*Exercise objective*. Only the lines from the first line of the data through the line containing "SM57 or DI: Bass stack" belong in the answer, transcribed exactly; pictures do not.
(Information provided begins)
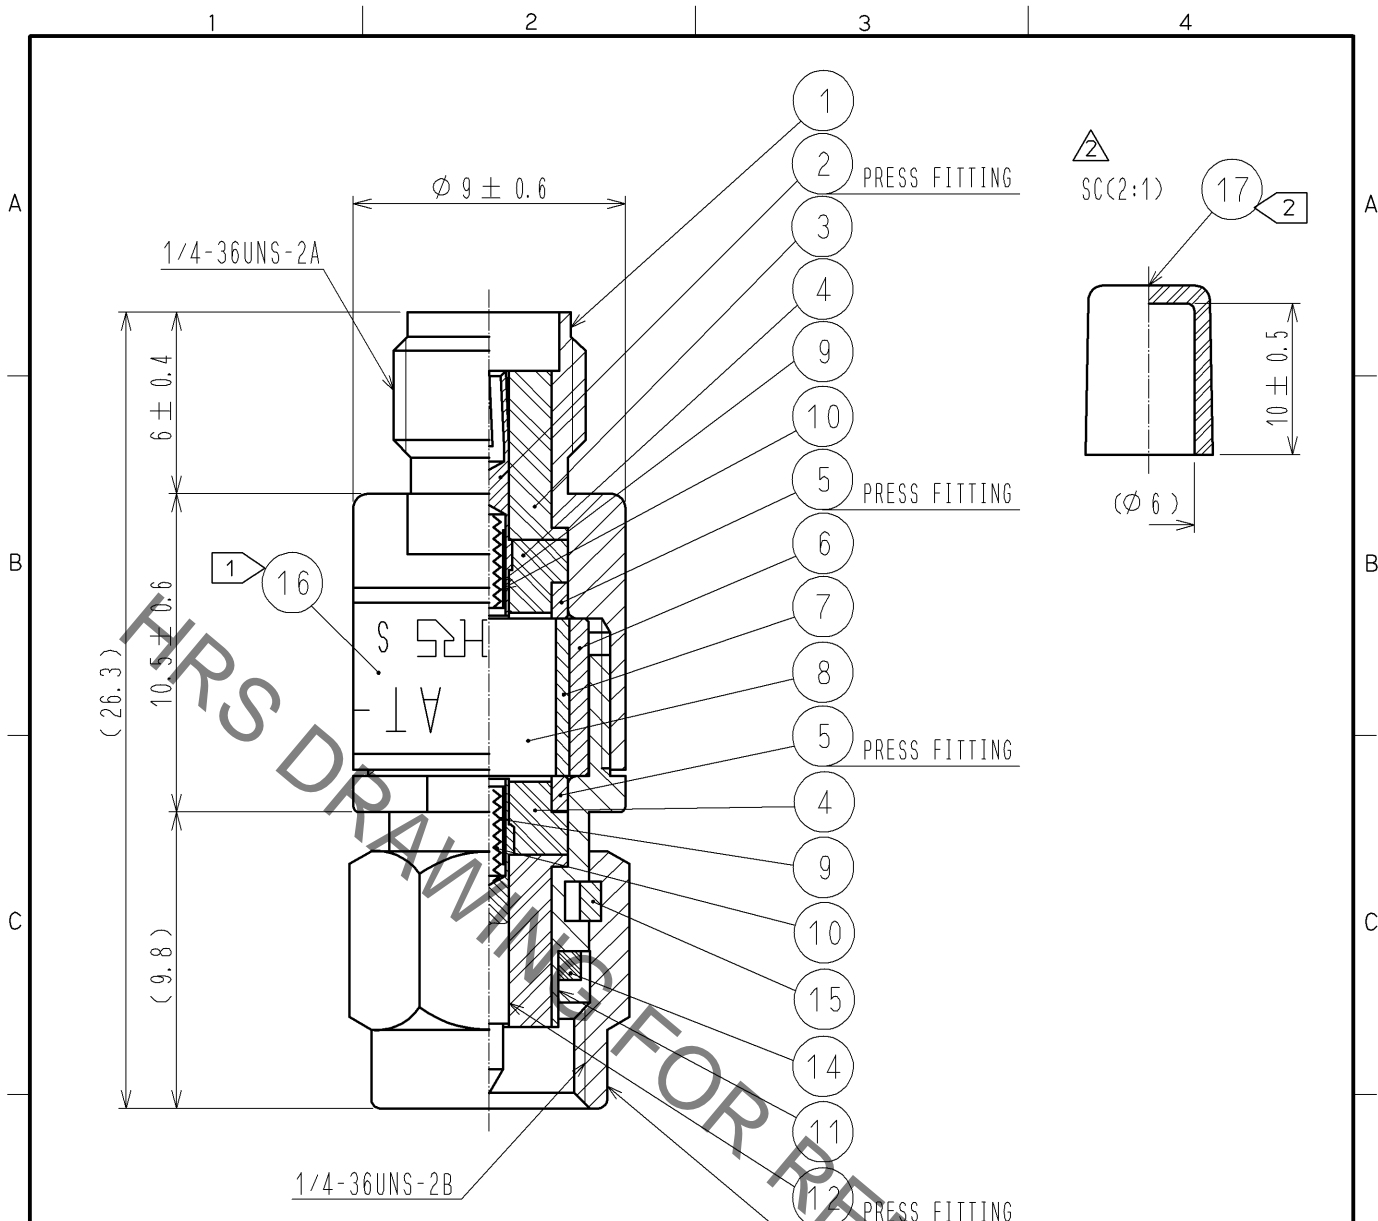

NOTE 1 INDICATION OF THE LABEL.
 · AT - 120V
 · 20dB
 · HRS
 · S. NO.

2 Ref no. 17 is delivered with being attached to ref no. 1.

9	BERYLLIUM COPPER	GOLD PLATING					
8	ALUMINA		17	STYRENIC-BASED ELASTOMERS	NATURAL		
7	BERYLLIUM COPPER	GOLD PLATING	16		LABEL		
6	BRASS	NICKEL PLATING	15	BERYLLIUM COPPER	NICKEL PLATING		
5	BRASS	NICKEL PLATING	14	SILICON RUBBER			
4	PTFE		13	STAINLESS STEEL	PASSIVATED		
3	PTFE		12	BERYLLIUM COPPER	GOLD PLATING		
2	BERYLLIUM COPPER	GOLD PLATING	11	STAINLESS STEEL	PASSIVATED		
1	STAINLESS STEEL	PASSIVATED	10	PIANO WIRE			
NO.	MATERIAL	FINISH .	REMARKS	NO.	MATERIAL	FINISH .	REMARKS

UNITS mm		SCALE 4 : 1	COUNT 2	DESCRIPTION OF REVISIONS DIS-K-002989	DESIGNED TO. KATAYAMA	CHECKED KY. SHIMIZU	DATE 13. 07. 03
HRS HIROSE ELECTRIC CO., LTD. APPROVED : MT. SHIBUTANI 11. 07. 26 CHECKED : KY. SHIMIZU 11. 07. 26 DESIGNED : TO. KATAYAMA 11. 07. 26 DRAWN : TO. KATAYAMA 11. 07. 26				DRAWING NO. EDC4-181124-00 PART NO. AT-120V CODE NO. CL354-0274-2-00			
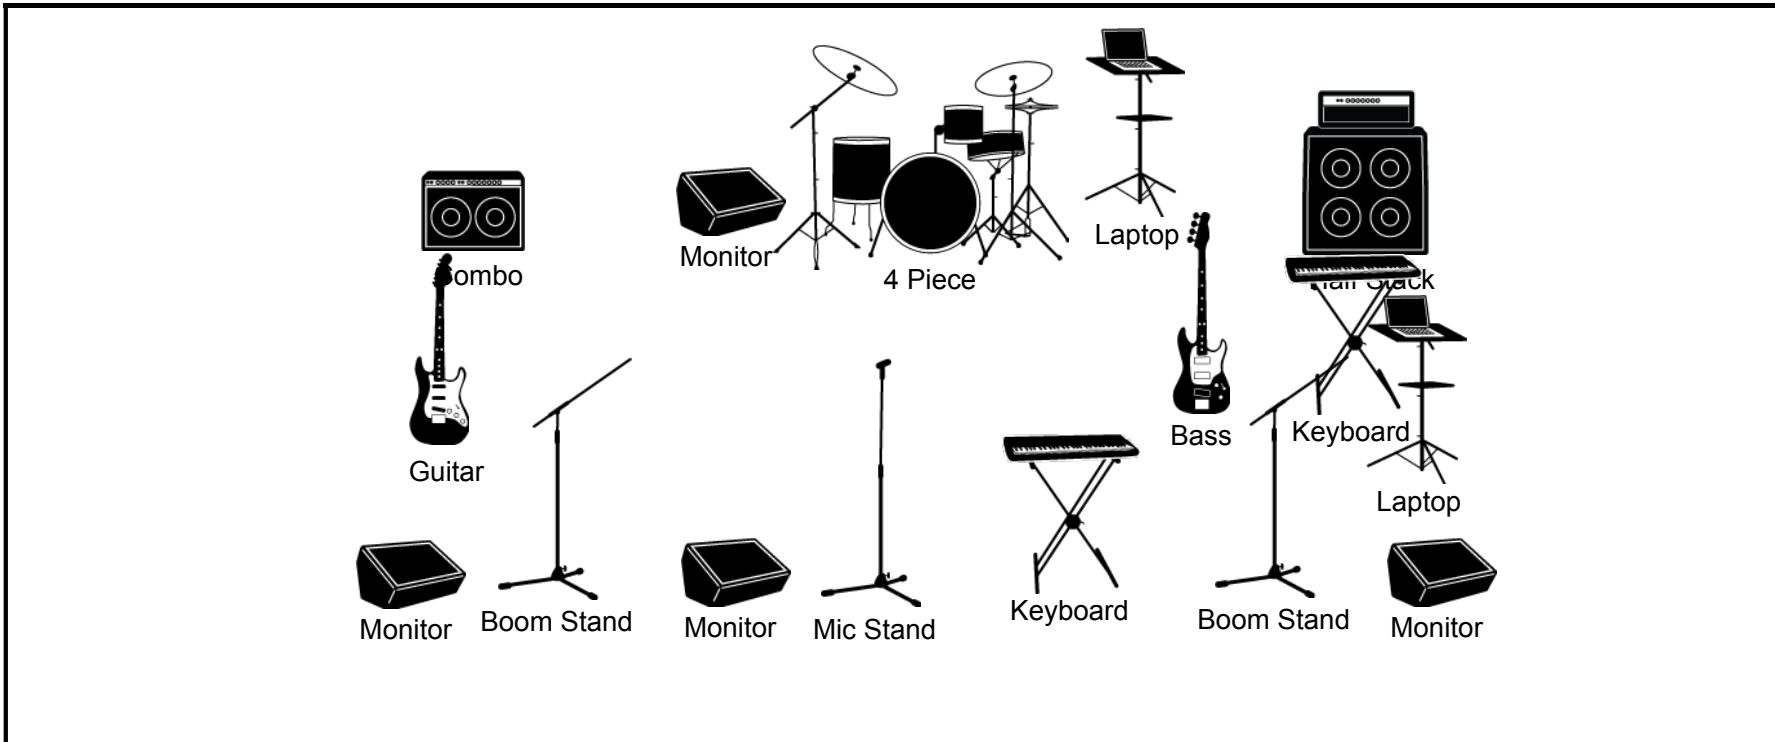

# STAGE PLOT DESIGNER

BAND NAME

VENUE

SHOW DATE / TIME

BLIGH

STAGE

---

**NOTES**

as practical, at a minimum, kick and snare.

We are, to an extent, able to modify our stage set up to suit individual venues needs. Thank you for your time.

**MIX NOTES:**

We are a pop band so we prefer to have vocals up front. We would prefer if there were no obtrusive delays on the vocals and instead just a vocal plate reverb. We like our drum pad to be as loud as our drum kit and our keyboards to be of equivalent volume or just below our guitars. Thank you!

**INPUT LIST**

SM57: Orange Rockverb Combo Mic

SM57 or DI: Bass stack

3 pin DI: Keyboards/laptop

1/4 inch DI: Mininova keyboard

1/4 inch DI: Alesis Sample Pad

3 vocal mics: supplied by band

Kit Mics: can be supplied by band or venue
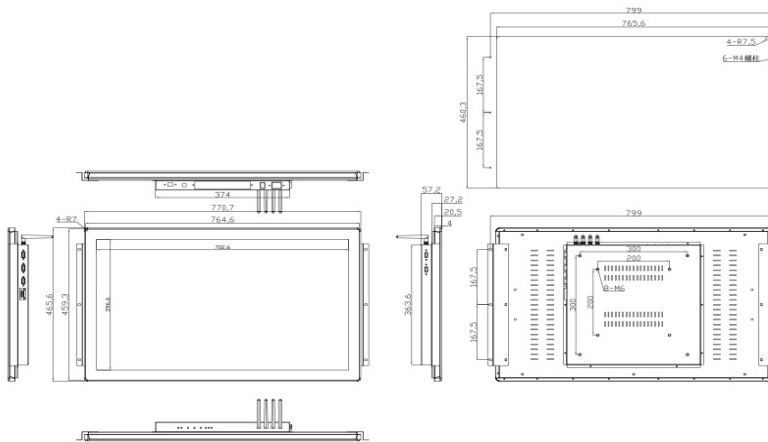

## VOPC-32

Pictures:

Technical Drawings

### Features:

- 32" LCD screen
- Intel Core 12th Gen. i5U (i5-1245U) Processor
- Capacitive Touchscreen Options
- Die Cast Aluminum Housing and IP65 Rated Front Bezel
- Optional WiFi 6, Optional 5.0 Bluetooth
- Windows / Linux

**Specifications:**

<b>Display Feature</b>	Display Screen	32" LCD
	Resolution	1920x1080
	Brightness	250cd/m <sup>2</sup>
	Contrast ratio	1200:1
	Touch Screen	Capacitive touch screen
	Controller	USB interface
	Durability	≥5M times
<b>Performance</b>	Processor	Intel Processors
	Memory	DDR4 ,4G/8G/16G
	Storage	1* M. 2+1*SATA(2 .5 "Mechanical hard disk capacity ≤2TB)
	Network	2*RTL8111
	COM	2*RS232, (COM2 optional RS485) available to expansion to 6COM
	USB	4* USB
	Display	1* HDMI, 1*VGA
	Expansion Slots	1*M. 2(KEY EWifi&BT 2230)/1*M. 2(KEY B 4G/5G LTE 3052)
	Operating Temperature	Windows/Linux
<b>Mechanical</b>	Dimensions	770.7*465.6*57.2mm
	Suggested hole size	765.6*460.3mm
	Material	Die Cast Aluminum Housing
	Weight	12.50kg / 14.00kg (NET./GROSS.)
	Color	Silver
<b>Environmental</b>	Operating Temperature	-10 ~ +60°C
	Storage Temperature	-20 ~ +60°C
	Storage Humidity	5 ~ 95%
	*Non-condensing	
<b>Power</b>	DC 12V (Optional 9 ~ 36V Wide-voltage power)	
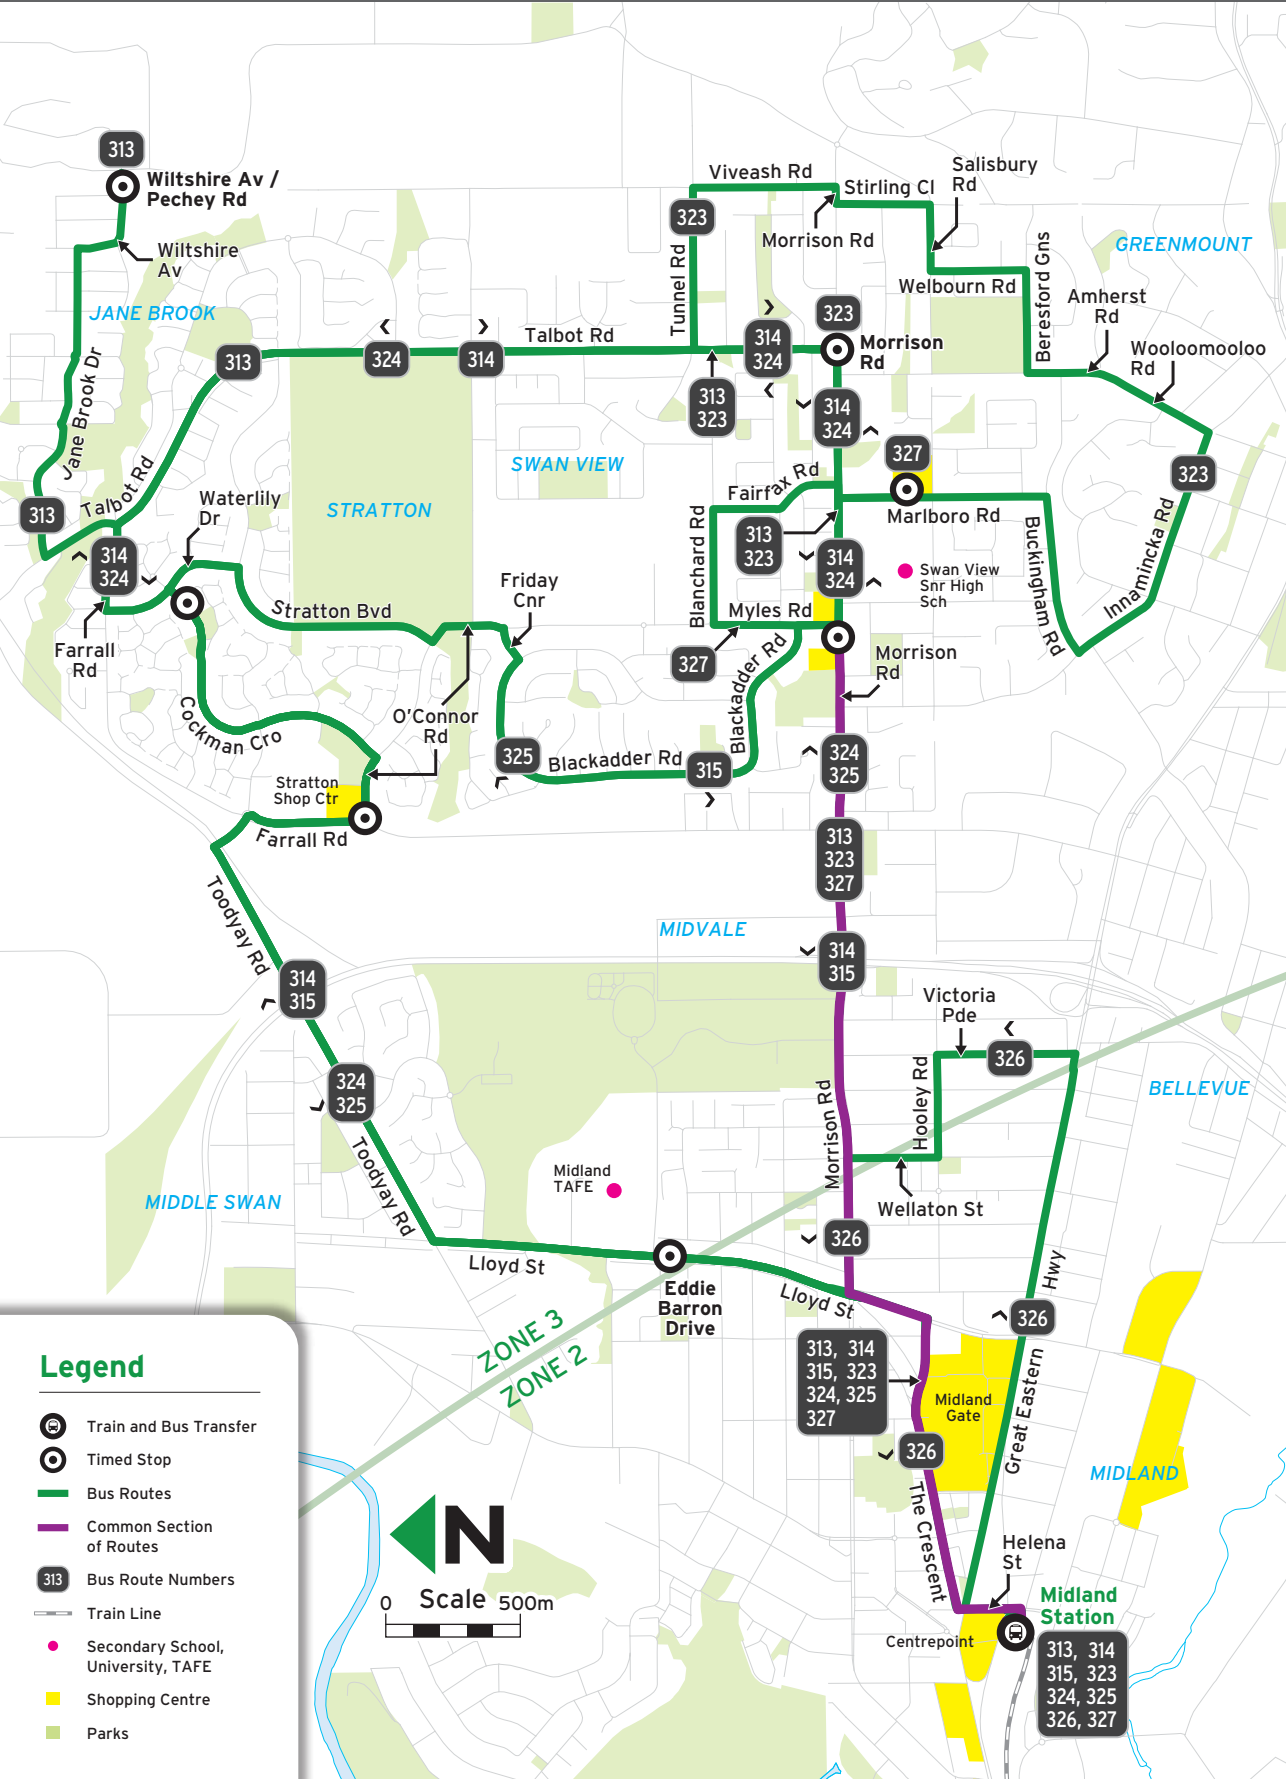

Map of all Routes

Legend

- Train and Bus Transfer
- Timed Stop
- Bus Routes
- Common Section of Routes
- Bus Route Numbers
- Train Line
- Secondary School, University, TAFE
- Shopping Centre
- Parks

Midland Station
313, 314
315, 323
324, 325
326, 327

313, 314
315, 323
324, 325
327
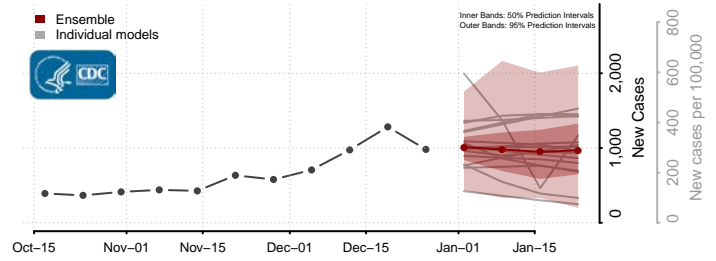

Cumberland County, North Carolina
(Information provided ends)
*Task result*.
NOTE 1 INDICATION OF THE LABEL.
 · AT - 120V
 · 20dB
 · HRS
 · S. NO.

2 Ref no. 17 is delivered with being attached to ref no. 1.

9	BERYLLIUM COPPER	GOLD PLATING					
8	ALUMINA		17	STYRENIC-BASED ELASTOMERS	NATURAL		
7	BERYLLIUM COPPER	GOLD PLATING	16		LABEL		
6	BRASS	NICKEL PLATING	15	BERYLLIUM COPPER	NICKEL PLATING		
5	BRASS	NICKEL PLATING	14	SILICON RUBBER			
4	PTFE		13	STAINLESS STEEL	PASSIVATED		
3	PTFE		12	BERYLLIUM COPPER	GOLD PLATING		
2	BERYLLIUM COPPER	GOLD PLATING	11	STAINLESS STEEL	PASSIVATED		
1	STAINLESS STEEL	PASSIVATED	10	PIANO WIRE			
NO.	MATERIAL	FINISH .	REMARKS	NO.	MATERIAL	FINISH .	REMARKS

UNITS mm		SCALE 4 : 1	COUNT 2	DESCRIPTION OF REVISIONS DIS-K-002989	DESIGNED TO. KATAYAMA	CHECKED KY. SHIMIZU	DATE 13. 07. 03
HRS HIROSE ELECTRIC CO., LTD. APPROVED : MT. SHIBUTANI 11. 07. 26 CHECKED : KY. SHIMIZU 11. 07. 26 DESIGNED : TO. KATAYAMA 11. 07. 26 DRAWN : TO. KATAYAMA 11. 07. 26				DRAWING NO. EDC4-181124-00 PART NO. AT-120V CODE NO. CL354-0274-2-00			

# STAGE PLOT DESIGNER

BAND NAME

VENUE

SHOW DATE / TIME

BLIGH

STAGE

---

**NOTES**

as practical, at a minimum, kick and snare.

We are, to an extent, able to modify our stage set up to suit individual venues needs. Thank you for your time.

**MIX NOTES:**

We are a pop band so we prefer to have vocals up front. We would prefer if there were no obtrusive delays on the vocals and instead just a vocal plate reverb. We like our drum pad to be as loud as our drum kit and our keyboards to be of equivalent volume or just below our guitars. Thank you!

**INPUT LIST**

SM57: Orange Rockverb Combo Mic

SM57 or DI: Bass stack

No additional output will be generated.